--- Dataset entries ---
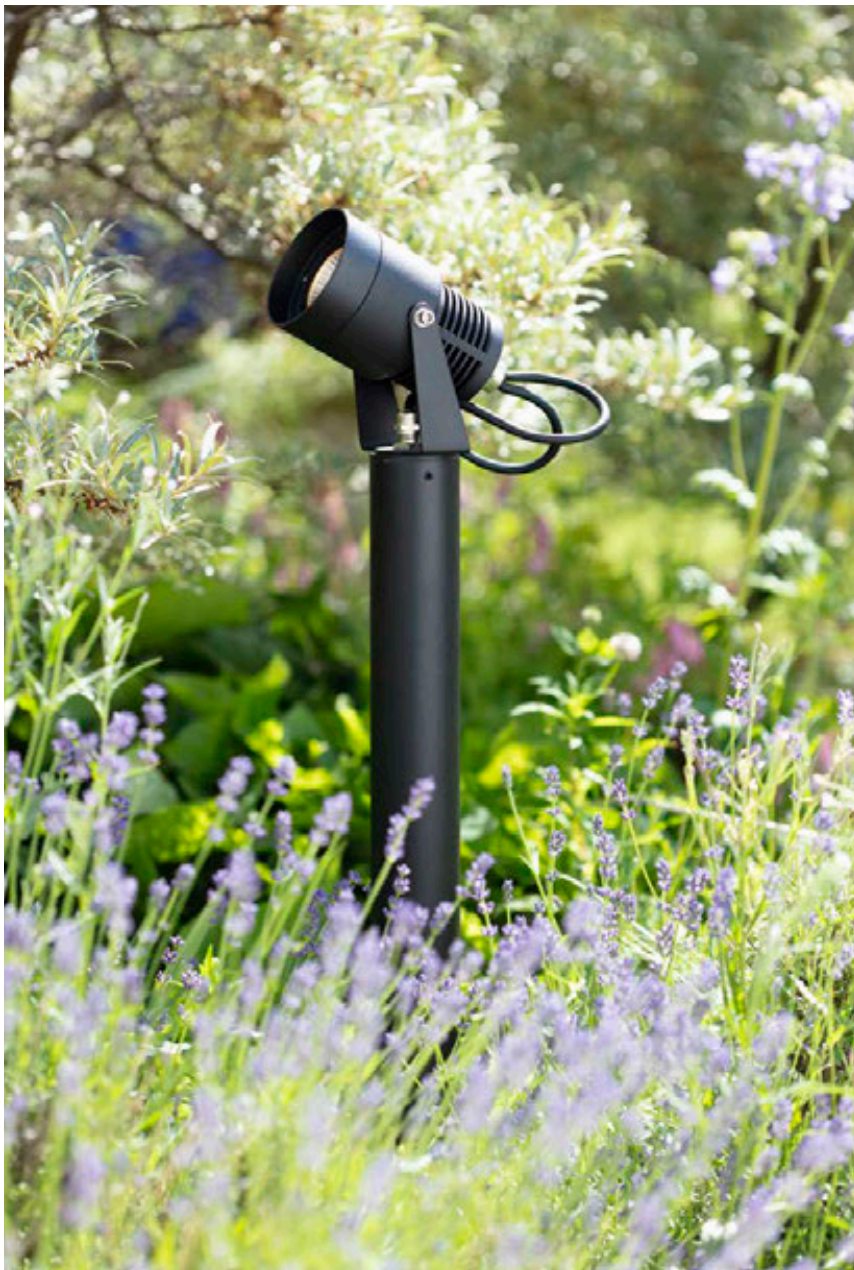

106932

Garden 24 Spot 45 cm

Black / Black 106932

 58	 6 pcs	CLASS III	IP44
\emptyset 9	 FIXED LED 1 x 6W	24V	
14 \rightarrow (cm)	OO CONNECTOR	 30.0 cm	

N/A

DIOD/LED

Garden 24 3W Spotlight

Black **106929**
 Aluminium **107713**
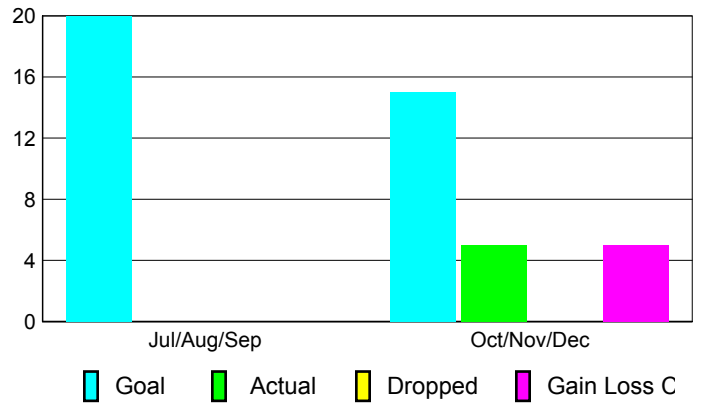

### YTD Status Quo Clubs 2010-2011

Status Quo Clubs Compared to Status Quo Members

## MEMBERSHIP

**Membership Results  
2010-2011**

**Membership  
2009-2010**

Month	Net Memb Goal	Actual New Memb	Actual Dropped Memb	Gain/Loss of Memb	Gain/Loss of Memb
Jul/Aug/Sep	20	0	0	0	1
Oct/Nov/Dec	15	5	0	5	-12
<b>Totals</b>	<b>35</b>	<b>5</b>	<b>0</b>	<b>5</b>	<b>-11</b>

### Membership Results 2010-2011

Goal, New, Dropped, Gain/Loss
---
--- Dataset entries ---
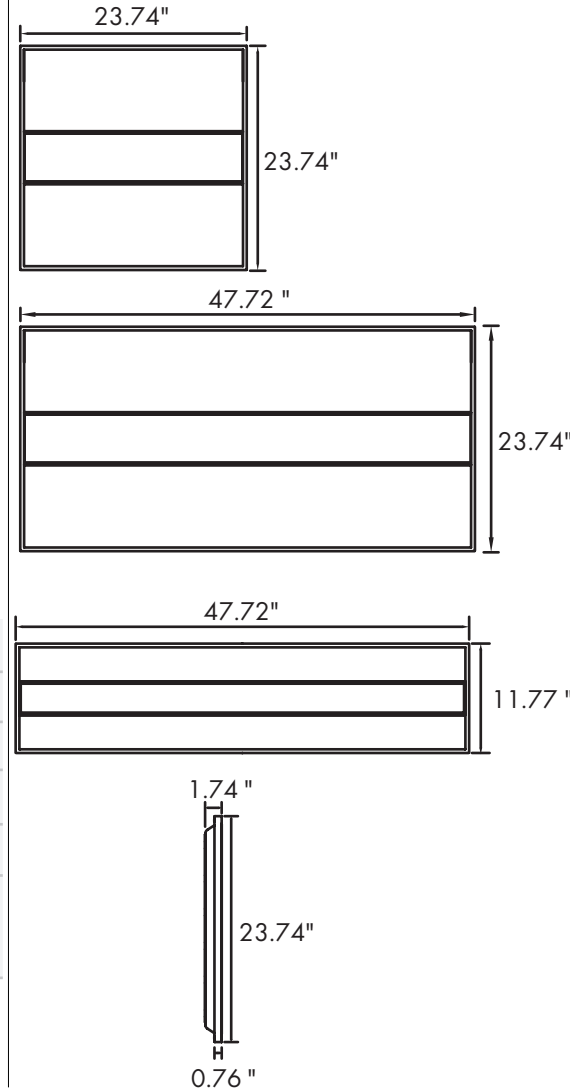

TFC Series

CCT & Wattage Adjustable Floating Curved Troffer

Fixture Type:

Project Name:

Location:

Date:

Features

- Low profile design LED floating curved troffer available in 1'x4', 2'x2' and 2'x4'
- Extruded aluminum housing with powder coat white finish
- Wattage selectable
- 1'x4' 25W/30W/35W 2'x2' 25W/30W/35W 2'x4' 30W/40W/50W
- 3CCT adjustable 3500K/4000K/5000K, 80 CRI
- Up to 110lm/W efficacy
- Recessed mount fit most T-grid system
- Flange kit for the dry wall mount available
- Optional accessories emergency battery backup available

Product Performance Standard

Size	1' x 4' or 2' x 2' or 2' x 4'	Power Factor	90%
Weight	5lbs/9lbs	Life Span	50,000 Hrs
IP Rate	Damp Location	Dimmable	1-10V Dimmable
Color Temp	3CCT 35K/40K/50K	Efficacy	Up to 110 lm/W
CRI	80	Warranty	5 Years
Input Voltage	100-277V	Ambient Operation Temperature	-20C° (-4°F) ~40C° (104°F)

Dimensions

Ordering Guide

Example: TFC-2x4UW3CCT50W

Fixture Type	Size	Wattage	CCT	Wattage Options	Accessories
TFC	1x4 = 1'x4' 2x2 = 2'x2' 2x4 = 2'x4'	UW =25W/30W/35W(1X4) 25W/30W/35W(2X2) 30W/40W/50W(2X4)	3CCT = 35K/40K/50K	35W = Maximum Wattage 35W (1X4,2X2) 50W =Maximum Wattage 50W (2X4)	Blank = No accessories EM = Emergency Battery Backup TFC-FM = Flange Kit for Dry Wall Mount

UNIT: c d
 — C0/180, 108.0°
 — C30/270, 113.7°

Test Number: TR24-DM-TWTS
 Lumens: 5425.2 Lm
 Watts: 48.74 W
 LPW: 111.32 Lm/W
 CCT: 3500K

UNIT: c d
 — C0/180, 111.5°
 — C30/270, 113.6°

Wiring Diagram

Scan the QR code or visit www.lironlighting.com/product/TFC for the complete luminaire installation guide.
---
• Task objective:
Extract every line containing the string "Garden" from the data above.

• Exercise response:
Garden 24 Spot 45 cm
Garden 24 3W Spotlight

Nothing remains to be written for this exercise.